Several authors sue OpenAI and Meta for copyright violation

American authors Christopher Golden, Sarah Silverman and Richard Kadrey have sued OpenAI and Meta before two United States district courts, for copyright violation. The lawsuits allege, among other things, that both OpenAI’s ChatGPT and Meta’s LlaMA were trained on data sets obtained in the same way and containing their works.

According to the plaintiffs, OpenAI and Meta obtained their works through online web libraries that serve Internet users to obtain digital versions of books in unorthodox ways, such as through Z-Library. In addition, they pointed out that the books are «available raw via torrent systems«.

All three have presented evidence that when requests are made to ChatGPT, the model will display a summary of their books, which violates their copyright. Among the books that ChatGPT is able to provide summaries of are Silverman’s Bedwetter; Golden’s Ararat and Kadrey’s Sandman Slim.

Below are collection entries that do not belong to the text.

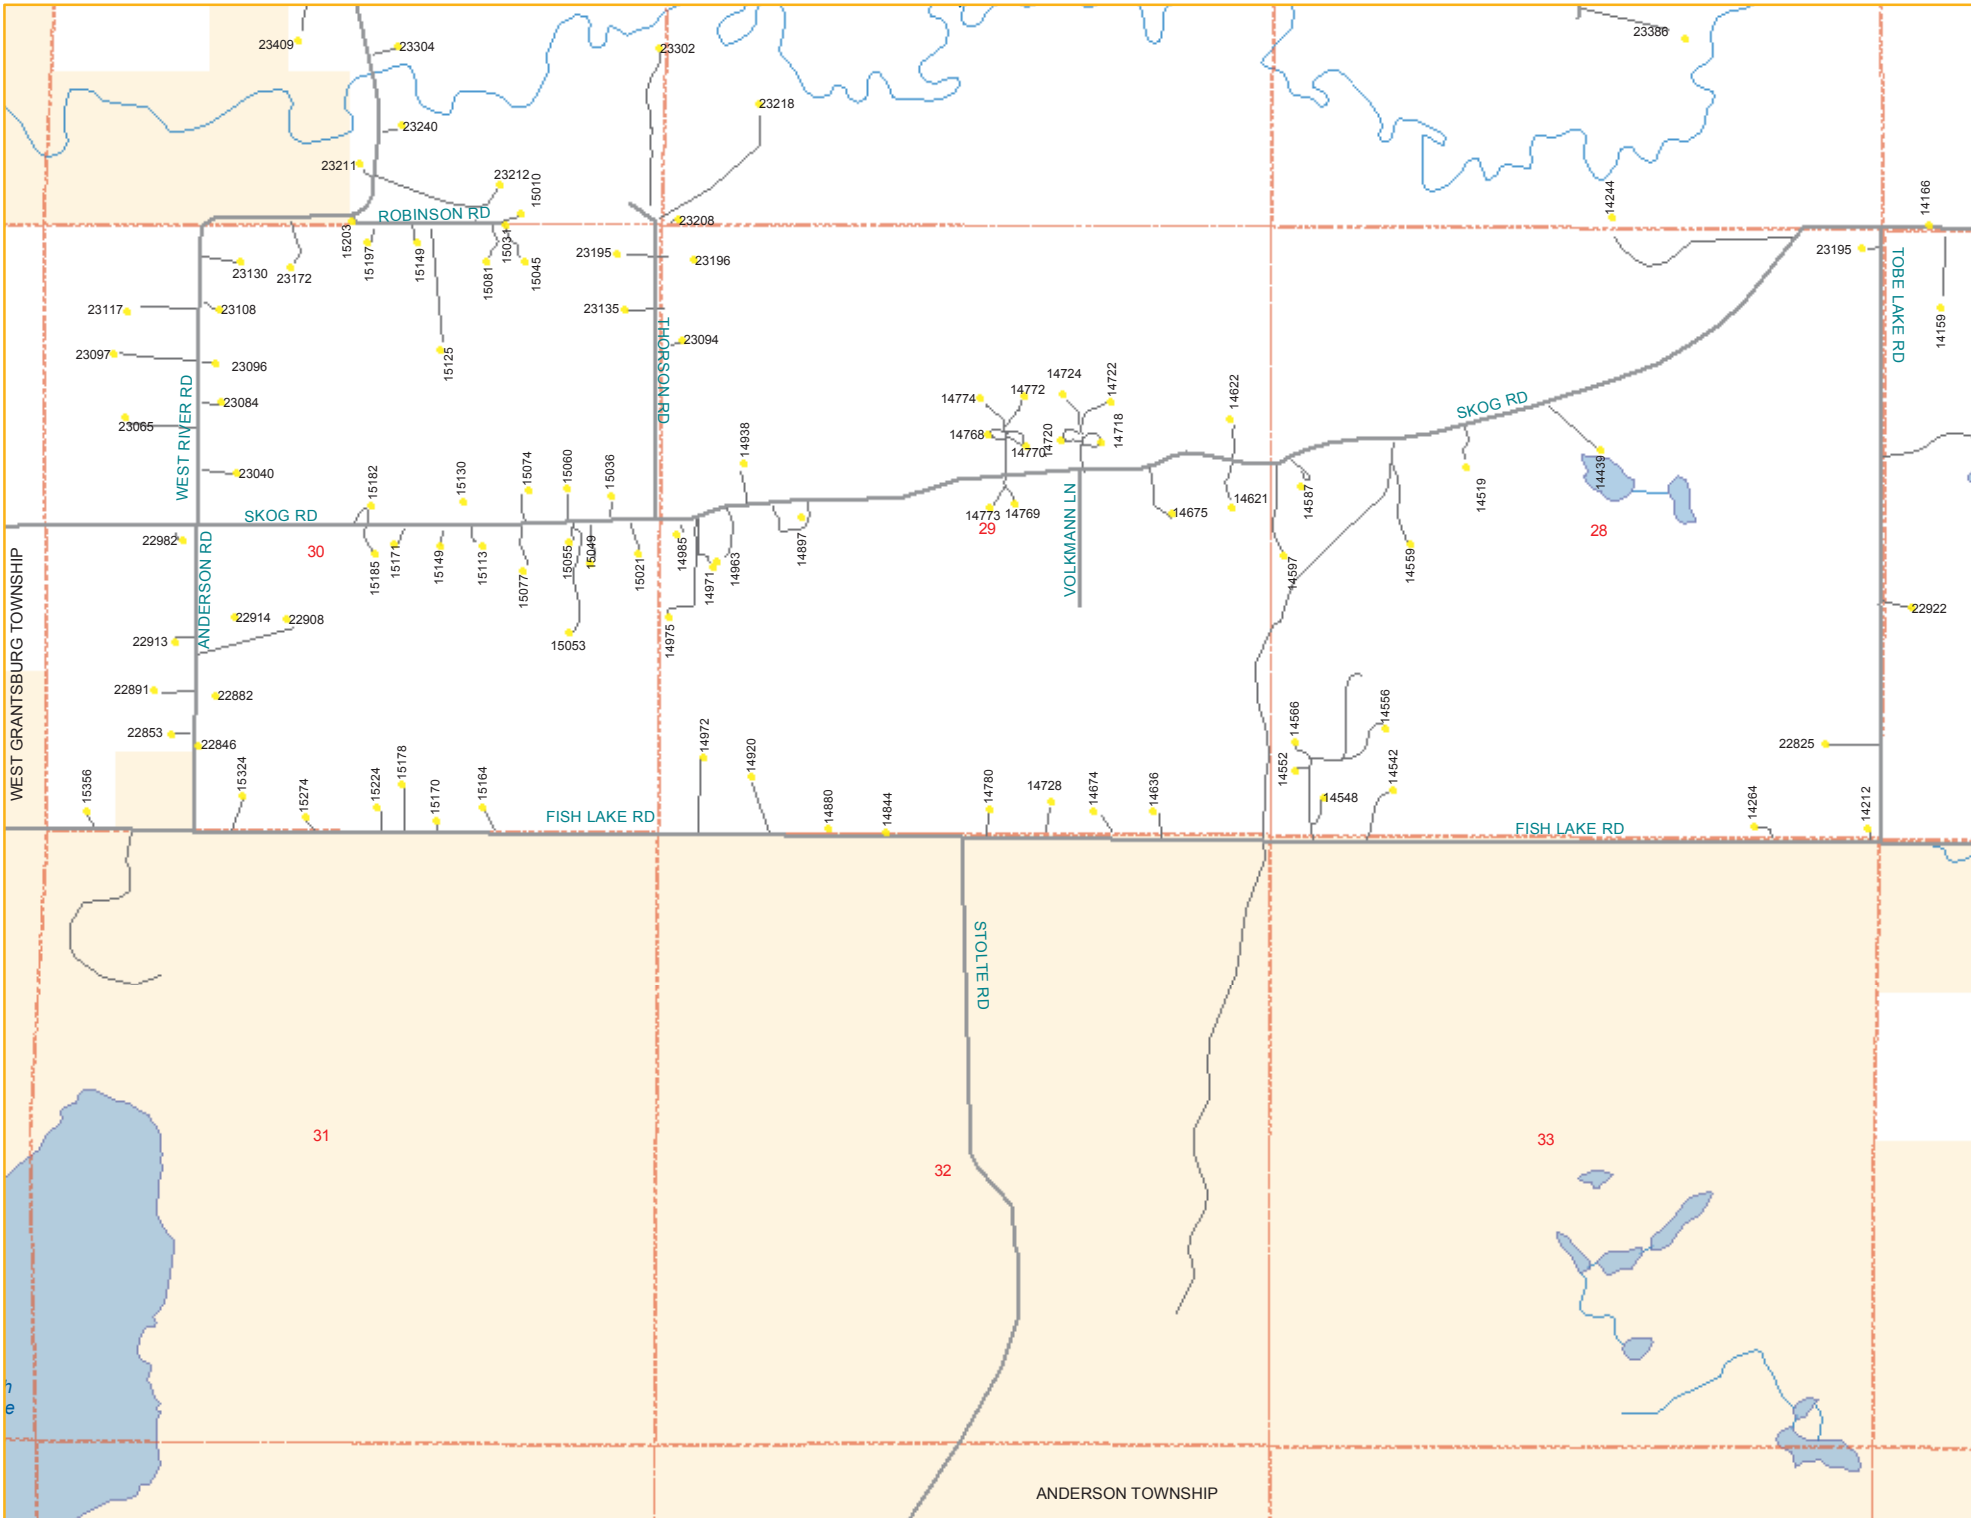

911 ADDRESS MAP

LAST UPDATE: January, 2010

East Grantsburg Township (T.38N.-R.19W)

Burnett County, Wisconsin

- 911 Address
- State Highway
- County Highway
- Town Medium Volume
- Private Road
- Town Low/Seasonal
- Drives
- Section Boundary
- Lake
- County Forest Land
- Federal Lands
- State Lands

How To Use This Map:

First be sure you are using the correct township/villagemap. Next, use the address range grid along the map borders to determine the range for your address. Follow this range across the map until you locate the road name for the address you are looking for. Note the page and the Public Land Survey Section the road name is contained within. Finally, turn to the corresponding page and locate the noted section to find the address. The date in the upper-left hand corner reflects when this map was last updated.

Map Prepared By The Burnett County Land Information Office
Siren, Wisconsin (715) 349-2599

EAST GRANTSBURG TOWNSHIP

The lawsuit also points out that the chatbot never displayed the notice about the prohibition of its reproduction as published works. In other words, they do not show the information on copyright management that the plaintiffs include in the works they publish.

Regarding the lawsuit filed by the three against Meta, it indicates that Meta was able to access the books of the plaintiff authors to train their LlaMA models. It indicates the reasons that lead the plaintiffs to believe that the data sets that were used in the training.

Among them, the sources of the data sets are cited. Of these, one is ThePile, launched by the company EleutherAI. The Pile, according to the lawsuit, is described in an EleutherAI document as being created from “a copy of the contents of the tracked private Bibliotik«, among other libraries that, according to the demand, are «flagrantly illegal«.

In both lawsuits, the authors claim that they “did not consent to the use of their copyrighted books for use as training material.” Each of the lawsuits, on the other hand, details six crimes for various types of copyright violations, negligence, unjust enrichment and unfair competition. For this reason, they request, among other things, damages and the restitution of benefits.

The lawyers for the three authors are Joseph Savery and Matthe Butterick, who on their website highlight that they are receiving news of “writers, authors, and publishers who are concerned about ChatGPT’s amazing ability to generate text similar to what can be found in copyright-protected text materials. Among them, thousands of books«.

Saveri has also filed various lawsuits against AI companies initiated by various artists and developers. He and Butterick are also representing authors Mona Award and Paul Tremblay in a similar case. In addition, Getty Images has also sued Stability AI, makers of the Stable Diffusion imaging tool, for training their model on copyright-protected images. OpenAI also has to face lawsuits for training ChatGPT with personal data without their owners having given their consent.

More authors and creators are likely to sue companies that have used their works to train their models without permission or compensation, leading, depending on the verdicts, to AI companies that engage in model building and training have to be more careful with the data they use for that task.